> WORK ITEM
For each line in the material below that holds "Stride", copy that line.

> DATASET RECORDS
______
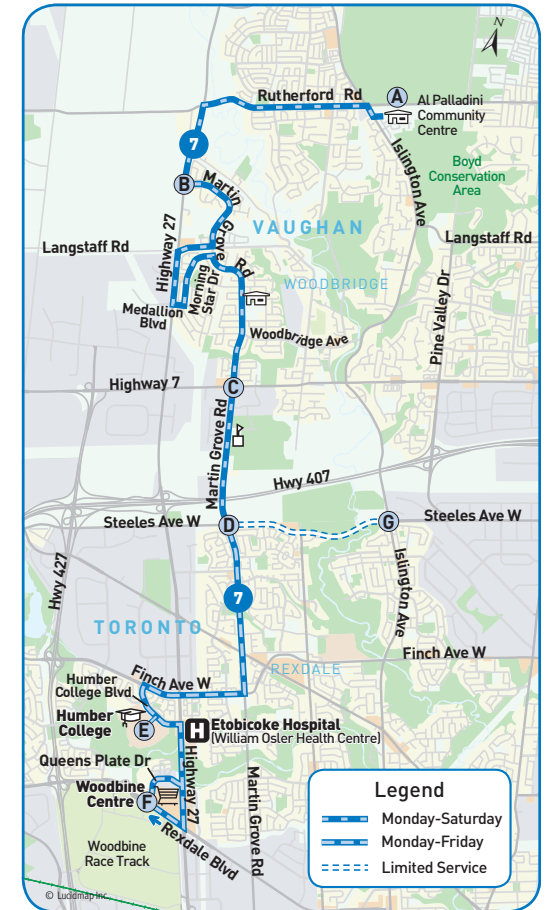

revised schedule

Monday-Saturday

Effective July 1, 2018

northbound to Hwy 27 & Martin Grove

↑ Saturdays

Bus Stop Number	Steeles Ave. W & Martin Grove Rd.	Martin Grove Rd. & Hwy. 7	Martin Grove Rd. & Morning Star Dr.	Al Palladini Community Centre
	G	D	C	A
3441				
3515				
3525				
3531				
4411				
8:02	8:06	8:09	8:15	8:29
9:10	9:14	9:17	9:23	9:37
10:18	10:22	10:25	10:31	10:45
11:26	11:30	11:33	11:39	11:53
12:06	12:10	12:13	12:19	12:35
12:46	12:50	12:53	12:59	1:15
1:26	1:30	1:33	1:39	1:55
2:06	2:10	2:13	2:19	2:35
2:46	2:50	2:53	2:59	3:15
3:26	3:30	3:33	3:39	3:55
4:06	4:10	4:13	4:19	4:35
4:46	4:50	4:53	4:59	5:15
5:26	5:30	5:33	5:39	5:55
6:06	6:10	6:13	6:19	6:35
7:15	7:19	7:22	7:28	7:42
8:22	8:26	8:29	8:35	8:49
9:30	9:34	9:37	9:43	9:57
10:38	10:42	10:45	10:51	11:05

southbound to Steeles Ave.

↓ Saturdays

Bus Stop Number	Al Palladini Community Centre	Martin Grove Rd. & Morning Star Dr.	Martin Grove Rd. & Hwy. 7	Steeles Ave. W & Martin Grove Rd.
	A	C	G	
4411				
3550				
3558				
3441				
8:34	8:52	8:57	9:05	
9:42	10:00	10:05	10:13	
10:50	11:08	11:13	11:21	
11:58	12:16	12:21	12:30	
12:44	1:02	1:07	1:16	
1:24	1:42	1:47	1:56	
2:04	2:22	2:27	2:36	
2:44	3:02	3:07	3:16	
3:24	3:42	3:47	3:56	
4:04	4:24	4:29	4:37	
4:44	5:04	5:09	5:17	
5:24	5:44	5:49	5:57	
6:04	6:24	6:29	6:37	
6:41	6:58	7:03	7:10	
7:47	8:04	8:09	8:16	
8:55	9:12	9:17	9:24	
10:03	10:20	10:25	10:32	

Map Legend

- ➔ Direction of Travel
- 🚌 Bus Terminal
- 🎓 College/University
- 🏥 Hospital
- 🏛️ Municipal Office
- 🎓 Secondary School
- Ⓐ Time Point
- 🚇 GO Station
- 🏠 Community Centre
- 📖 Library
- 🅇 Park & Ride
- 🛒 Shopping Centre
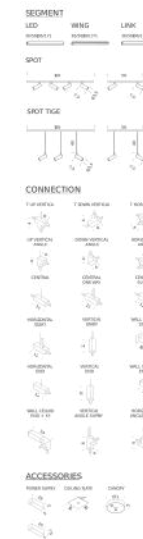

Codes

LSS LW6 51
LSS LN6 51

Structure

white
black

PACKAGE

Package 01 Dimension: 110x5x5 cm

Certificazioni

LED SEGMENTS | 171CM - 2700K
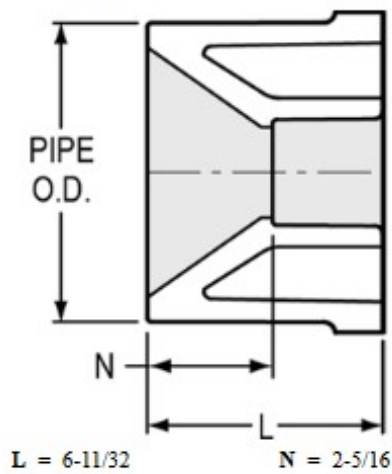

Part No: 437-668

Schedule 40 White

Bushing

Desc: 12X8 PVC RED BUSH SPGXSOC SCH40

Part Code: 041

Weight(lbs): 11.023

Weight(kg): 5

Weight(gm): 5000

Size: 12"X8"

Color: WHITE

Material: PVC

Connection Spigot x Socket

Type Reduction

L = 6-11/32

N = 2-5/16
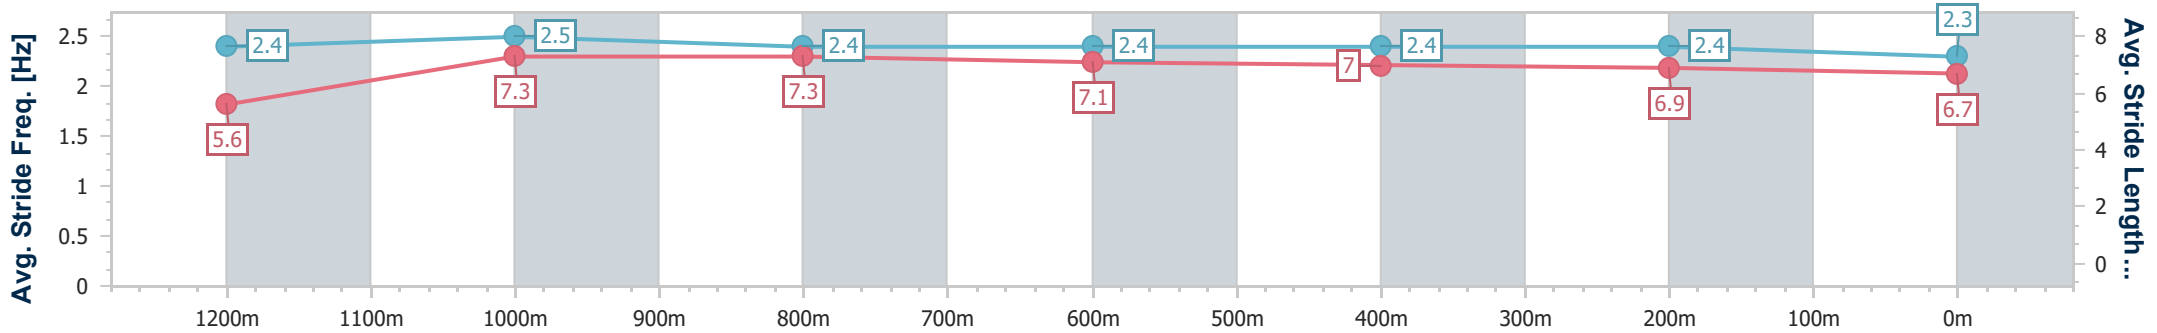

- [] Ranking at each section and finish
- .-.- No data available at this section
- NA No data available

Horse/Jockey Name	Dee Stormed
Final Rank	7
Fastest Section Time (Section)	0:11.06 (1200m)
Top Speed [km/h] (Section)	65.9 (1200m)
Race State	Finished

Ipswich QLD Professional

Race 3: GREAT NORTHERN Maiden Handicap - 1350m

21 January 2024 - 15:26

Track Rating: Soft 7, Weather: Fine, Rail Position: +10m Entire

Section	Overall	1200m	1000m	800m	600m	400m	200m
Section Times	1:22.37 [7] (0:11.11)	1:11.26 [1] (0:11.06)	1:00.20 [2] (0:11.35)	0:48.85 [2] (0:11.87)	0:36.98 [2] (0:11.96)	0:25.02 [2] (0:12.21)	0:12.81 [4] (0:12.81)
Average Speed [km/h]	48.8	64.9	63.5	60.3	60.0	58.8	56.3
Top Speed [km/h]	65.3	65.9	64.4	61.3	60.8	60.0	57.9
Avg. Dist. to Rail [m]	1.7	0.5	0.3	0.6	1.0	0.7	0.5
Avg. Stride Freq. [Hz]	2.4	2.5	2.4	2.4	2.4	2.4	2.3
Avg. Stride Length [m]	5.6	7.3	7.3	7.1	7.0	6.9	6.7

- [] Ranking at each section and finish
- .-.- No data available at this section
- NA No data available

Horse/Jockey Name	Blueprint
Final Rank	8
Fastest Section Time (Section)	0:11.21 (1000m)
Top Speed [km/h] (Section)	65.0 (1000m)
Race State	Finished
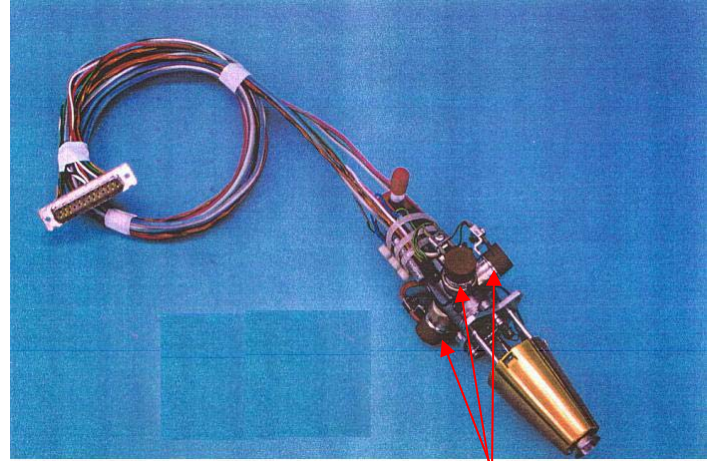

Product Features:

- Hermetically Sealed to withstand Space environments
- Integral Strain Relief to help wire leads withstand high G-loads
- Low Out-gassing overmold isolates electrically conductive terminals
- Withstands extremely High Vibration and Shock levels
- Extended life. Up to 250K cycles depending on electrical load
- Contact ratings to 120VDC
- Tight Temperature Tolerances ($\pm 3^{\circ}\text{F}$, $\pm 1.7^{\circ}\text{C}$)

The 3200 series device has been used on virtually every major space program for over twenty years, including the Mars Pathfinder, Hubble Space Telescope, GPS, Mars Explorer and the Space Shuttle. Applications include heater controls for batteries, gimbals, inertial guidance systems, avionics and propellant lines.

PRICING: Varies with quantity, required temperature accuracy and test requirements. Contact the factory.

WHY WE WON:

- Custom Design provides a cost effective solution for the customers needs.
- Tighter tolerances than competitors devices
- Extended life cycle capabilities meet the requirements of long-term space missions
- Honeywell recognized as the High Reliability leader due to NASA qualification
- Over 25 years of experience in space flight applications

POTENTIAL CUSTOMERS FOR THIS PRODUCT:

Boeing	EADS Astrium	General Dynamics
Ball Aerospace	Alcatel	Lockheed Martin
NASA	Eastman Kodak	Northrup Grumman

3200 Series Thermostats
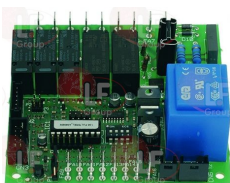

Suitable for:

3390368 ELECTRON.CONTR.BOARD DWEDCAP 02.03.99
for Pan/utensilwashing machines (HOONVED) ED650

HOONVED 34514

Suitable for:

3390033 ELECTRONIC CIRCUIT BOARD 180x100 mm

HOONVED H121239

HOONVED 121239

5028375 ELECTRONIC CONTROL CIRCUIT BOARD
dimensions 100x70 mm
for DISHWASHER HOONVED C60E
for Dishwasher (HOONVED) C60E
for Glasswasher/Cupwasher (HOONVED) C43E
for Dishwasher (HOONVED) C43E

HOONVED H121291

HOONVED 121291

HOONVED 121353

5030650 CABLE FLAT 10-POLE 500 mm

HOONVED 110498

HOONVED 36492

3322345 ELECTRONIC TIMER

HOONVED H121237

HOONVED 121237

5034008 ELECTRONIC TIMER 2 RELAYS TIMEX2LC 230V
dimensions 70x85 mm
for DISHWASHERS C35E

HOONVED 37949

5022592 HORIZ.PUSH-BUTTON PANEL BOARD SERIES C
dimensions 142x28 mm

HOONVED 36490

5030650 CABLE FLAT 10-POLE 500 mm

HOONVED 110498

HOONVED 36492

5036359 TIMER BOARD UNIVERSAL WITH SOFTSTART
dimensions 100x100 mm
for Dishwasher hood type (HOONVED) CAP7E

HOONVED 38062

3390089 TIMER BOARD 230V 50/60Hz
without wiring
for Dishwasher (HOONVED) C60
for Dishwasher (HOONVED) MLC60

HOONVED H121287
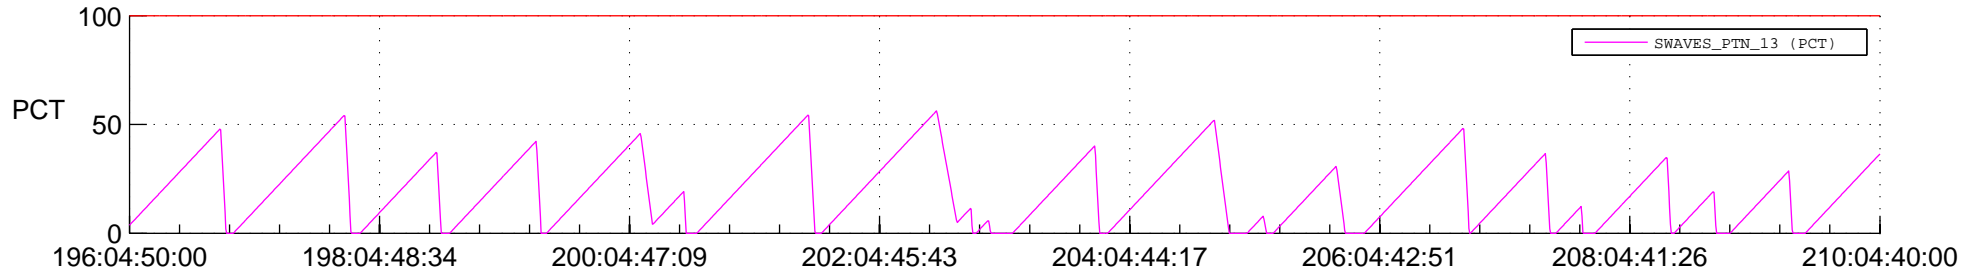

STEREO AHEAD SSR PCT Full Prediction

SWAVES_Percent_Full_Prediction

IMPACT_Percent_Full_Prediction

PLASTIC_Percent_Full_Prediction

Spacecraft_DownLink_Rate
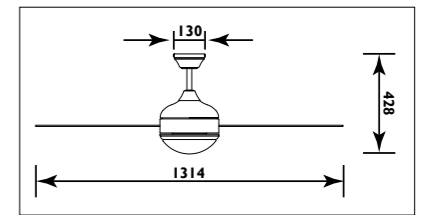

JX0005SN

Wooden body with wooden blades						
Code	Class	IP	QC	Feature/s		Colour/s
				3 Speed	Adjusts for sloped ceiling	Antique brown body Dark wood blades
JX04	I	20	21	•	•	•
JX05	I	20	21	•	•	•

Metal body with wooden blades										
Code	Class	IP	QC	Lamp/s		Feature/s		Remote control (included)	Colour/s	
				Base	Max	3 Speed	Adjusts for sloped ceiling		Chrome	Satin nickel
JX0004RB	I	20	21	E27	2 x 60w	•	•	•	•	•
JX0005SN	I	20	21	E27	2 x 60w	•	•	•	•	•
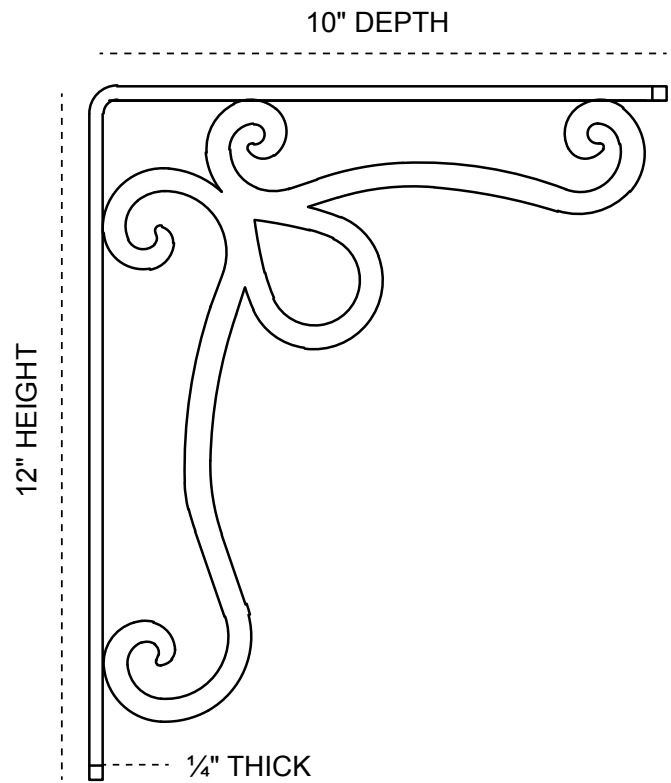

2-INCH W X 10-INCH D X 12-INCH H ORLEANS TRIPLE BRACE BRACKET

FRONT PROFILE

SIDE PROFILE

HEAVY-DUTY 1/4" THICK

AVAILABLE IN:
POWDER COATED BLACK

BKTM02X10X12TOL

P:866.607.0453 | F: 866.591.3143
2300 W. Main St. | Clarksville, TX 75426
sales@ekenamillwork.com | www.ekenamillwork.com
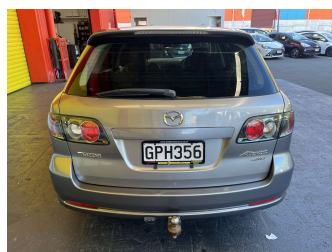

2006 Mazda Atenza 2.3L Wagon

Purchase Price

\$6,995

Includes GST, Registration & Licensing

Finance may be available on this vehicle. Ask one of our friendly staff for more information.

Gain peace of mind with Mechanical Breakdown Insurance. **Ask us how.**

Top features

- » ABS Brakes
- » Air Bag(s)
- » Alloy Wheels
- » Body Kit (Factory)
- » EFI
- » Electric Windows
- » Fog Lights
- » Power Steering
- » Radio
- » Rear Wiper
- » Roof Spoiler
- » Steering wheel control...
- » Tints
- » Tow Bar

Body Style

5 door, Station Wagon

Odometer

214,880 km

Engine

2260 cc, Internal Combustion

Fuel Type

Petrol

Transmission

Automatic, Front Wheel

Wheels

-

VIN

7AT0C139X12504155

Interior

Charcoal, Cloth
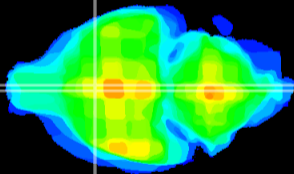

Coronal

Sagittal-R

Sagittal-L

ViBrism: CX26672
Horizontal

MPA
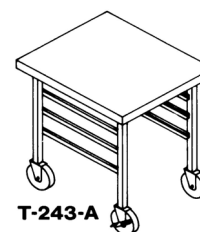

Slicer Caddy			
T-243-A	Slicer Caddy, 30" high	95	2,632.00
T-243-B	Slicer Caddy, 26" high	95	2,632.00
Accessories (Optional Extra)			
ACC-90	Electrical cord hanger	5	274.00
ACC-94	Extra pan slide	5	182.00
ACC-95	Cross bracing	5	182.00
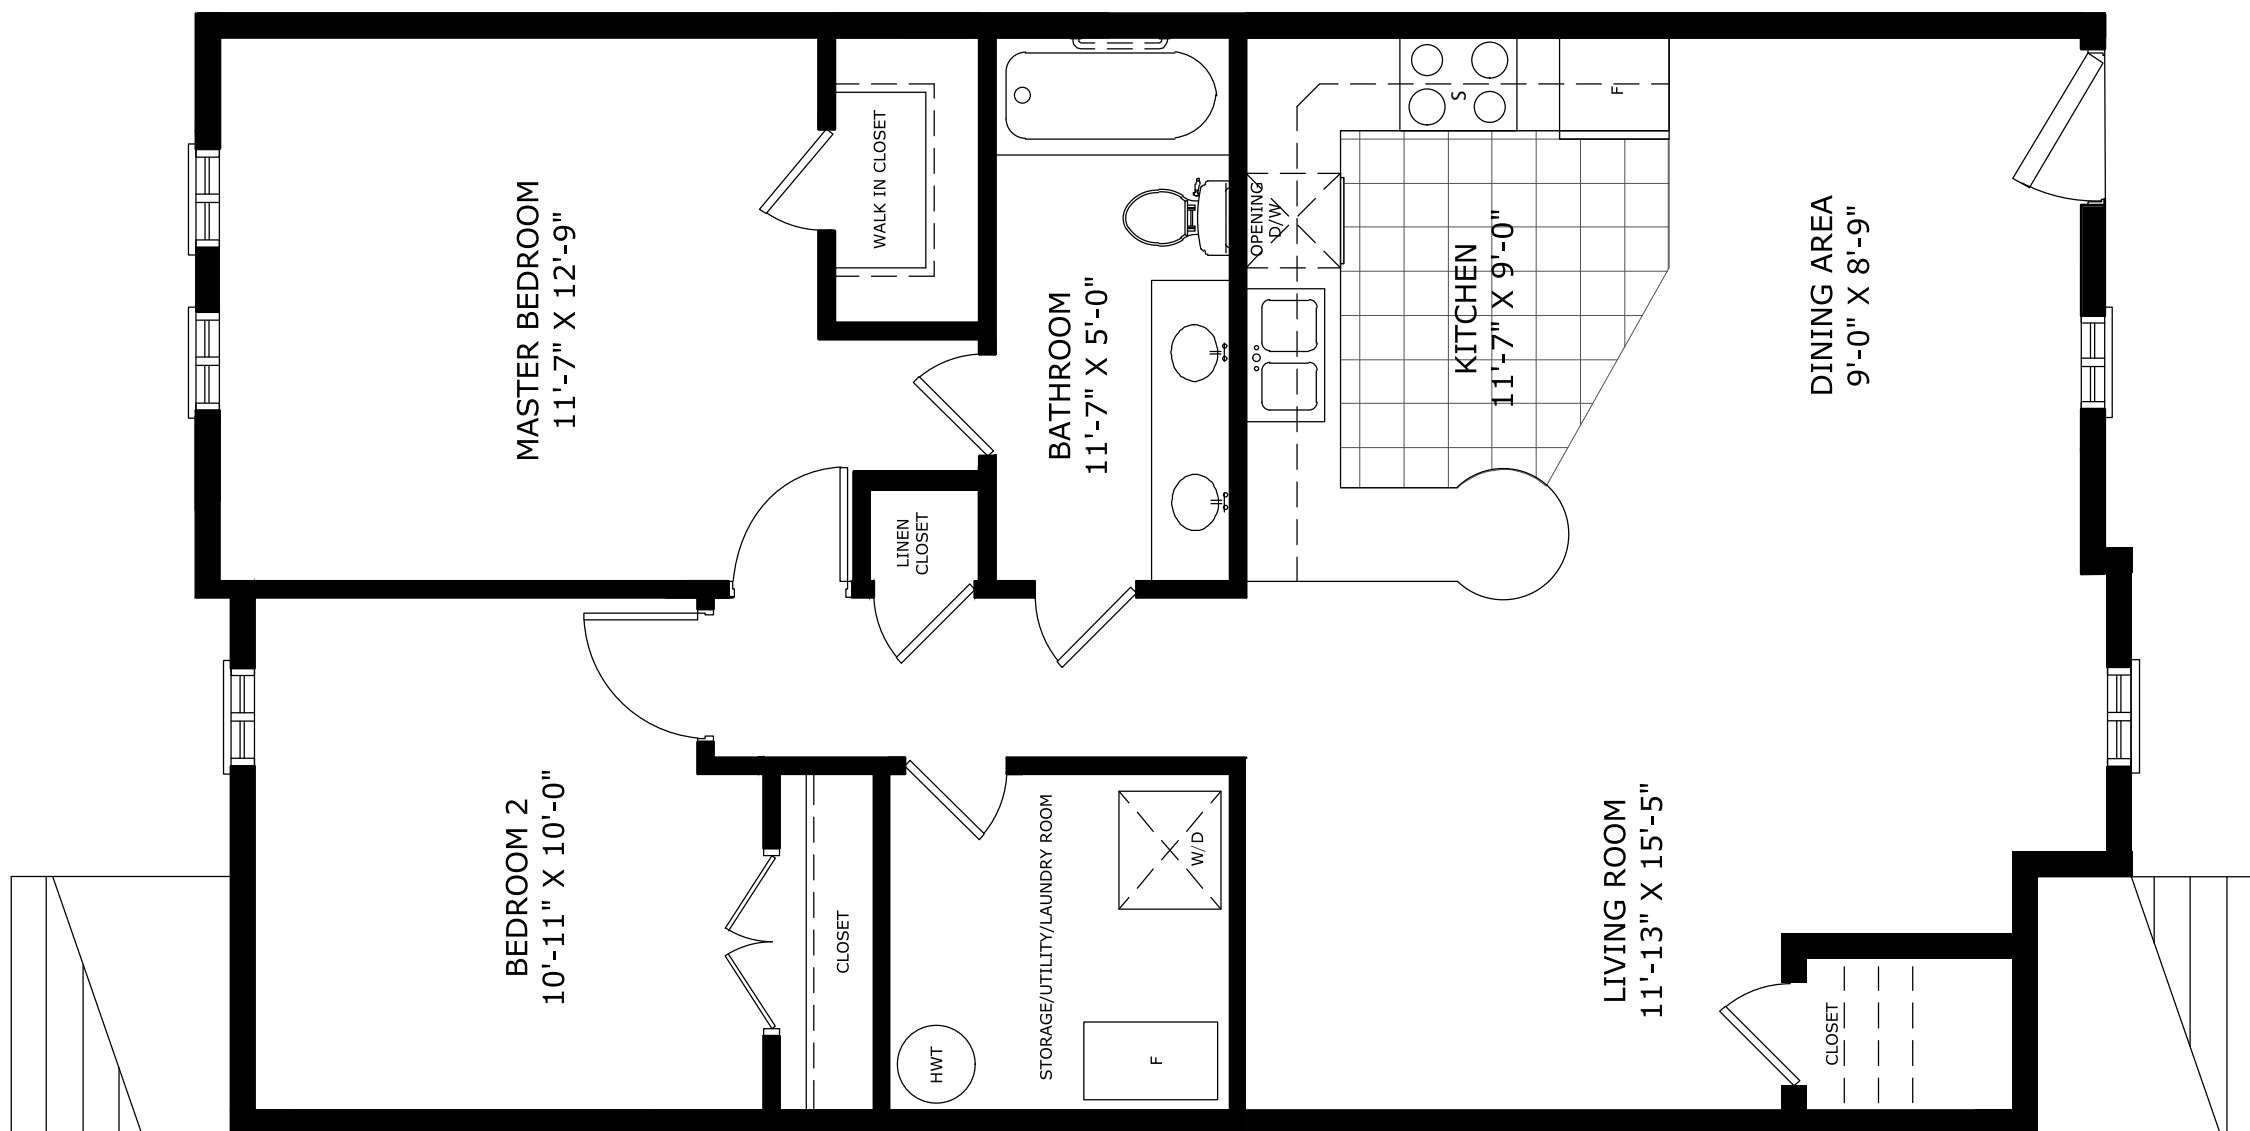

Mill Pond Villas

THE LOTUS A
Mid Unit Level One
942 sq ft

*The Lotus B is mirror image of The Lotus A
______
> RESPONSE BOX
Avg. Stride Freq. [Hz]	2.4	2.5	2.4	2.4	2.4	2.4	2.3
Avg. Stride Length [m]	5.6	7.3	7.3	7.1	7.0	6.9	6.7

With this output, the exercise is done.